● **REQUIRED ACTION**
Look below for the line containing "CE approved"; from there, print each line exactly up to and including the line containing "SYSTEM UPGRADES", and stop.

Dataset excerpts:
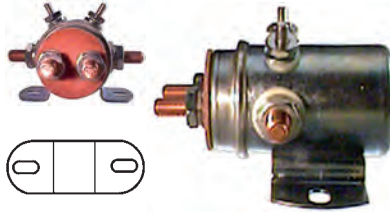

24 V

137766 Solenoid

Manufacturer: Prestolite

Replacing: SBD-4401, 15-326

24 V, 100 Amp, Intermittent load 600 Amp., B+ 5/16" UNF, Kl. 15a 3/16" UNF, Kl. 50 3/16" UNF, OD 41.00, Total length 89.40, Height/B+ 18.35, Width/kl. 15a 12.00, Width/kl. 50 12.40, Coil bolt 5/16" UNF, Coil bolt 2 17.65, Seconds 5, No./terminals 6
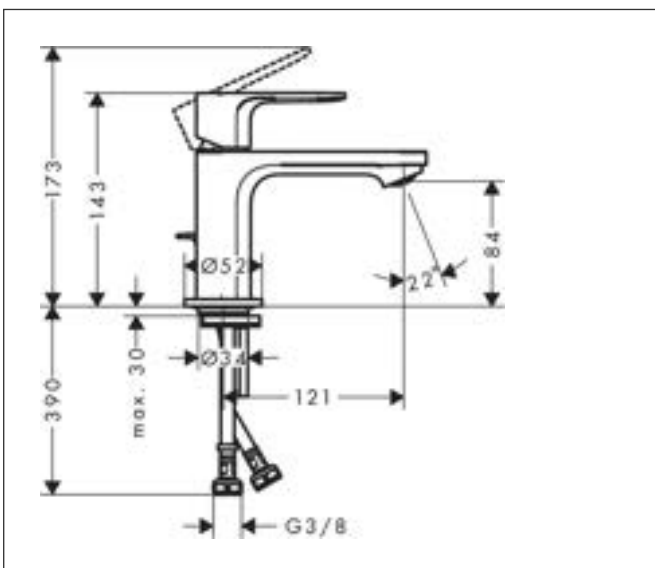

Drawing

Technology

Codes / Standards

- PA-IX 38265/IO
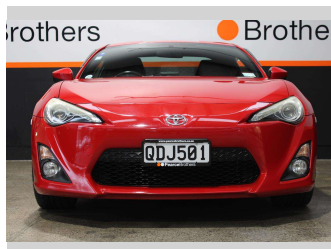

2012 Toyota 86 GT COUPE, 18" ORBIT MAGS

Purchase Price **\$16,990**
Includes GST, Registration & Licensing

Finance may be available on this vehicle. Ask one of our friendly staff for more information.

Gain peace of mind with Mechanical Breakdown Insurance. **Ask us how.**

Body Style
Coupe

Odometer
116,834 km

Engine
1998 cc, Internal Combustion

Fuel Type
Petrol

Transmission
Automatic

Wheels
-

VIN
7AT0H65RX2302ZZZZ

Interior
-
* * *
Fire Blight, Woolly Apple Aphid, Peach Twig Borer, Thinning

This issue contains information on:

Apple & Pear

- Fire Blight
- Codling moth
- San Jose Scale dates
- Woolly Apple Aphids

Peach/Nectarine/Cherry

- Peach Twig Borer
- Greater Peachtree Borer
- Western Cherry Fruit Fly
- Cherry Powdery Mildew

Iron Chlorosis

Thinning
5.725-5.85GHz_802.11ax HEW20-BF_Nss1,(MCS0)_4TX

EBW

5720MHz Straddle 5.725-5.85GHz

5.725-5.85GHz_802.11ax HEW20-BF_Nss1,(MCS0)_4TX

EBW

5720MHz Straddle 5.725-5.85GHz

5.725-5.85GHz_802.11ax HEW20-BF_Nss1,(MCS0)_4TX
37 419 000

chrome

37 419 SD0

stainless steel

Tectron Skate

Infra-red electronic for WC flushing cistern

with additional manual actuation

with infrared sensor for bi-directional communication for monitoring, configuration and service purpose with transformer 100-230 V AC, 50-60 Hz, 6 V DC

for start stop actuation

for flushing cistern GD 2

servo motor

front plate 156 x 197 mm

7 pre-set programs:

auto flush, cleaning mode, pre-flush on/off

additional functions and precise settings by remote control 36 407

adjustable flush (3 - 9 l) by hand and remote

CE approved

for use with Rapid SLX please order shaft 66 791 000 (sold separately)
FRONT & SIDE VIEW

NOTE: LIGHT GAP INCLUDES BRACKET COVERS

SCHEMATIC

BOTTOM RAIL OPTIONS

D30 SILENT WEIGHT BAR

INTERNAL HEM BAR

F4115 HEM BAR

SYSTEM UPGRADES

● **FINISHED TASK**
CE approved

for use with Rapid SLX please order shaft 66 791 000 (sold separately)
FRONT & SIDE VIEW

NOTE: LIGHT GAP INCLUDES BRACKET COVERS

SCHEMATIC

BOTTOM RAIL OPTIONS

D30 SILENT WEIGHT BAR

INTERNAL HEM BAR

F4115 HEM BAR

SYSTEM UPGRADES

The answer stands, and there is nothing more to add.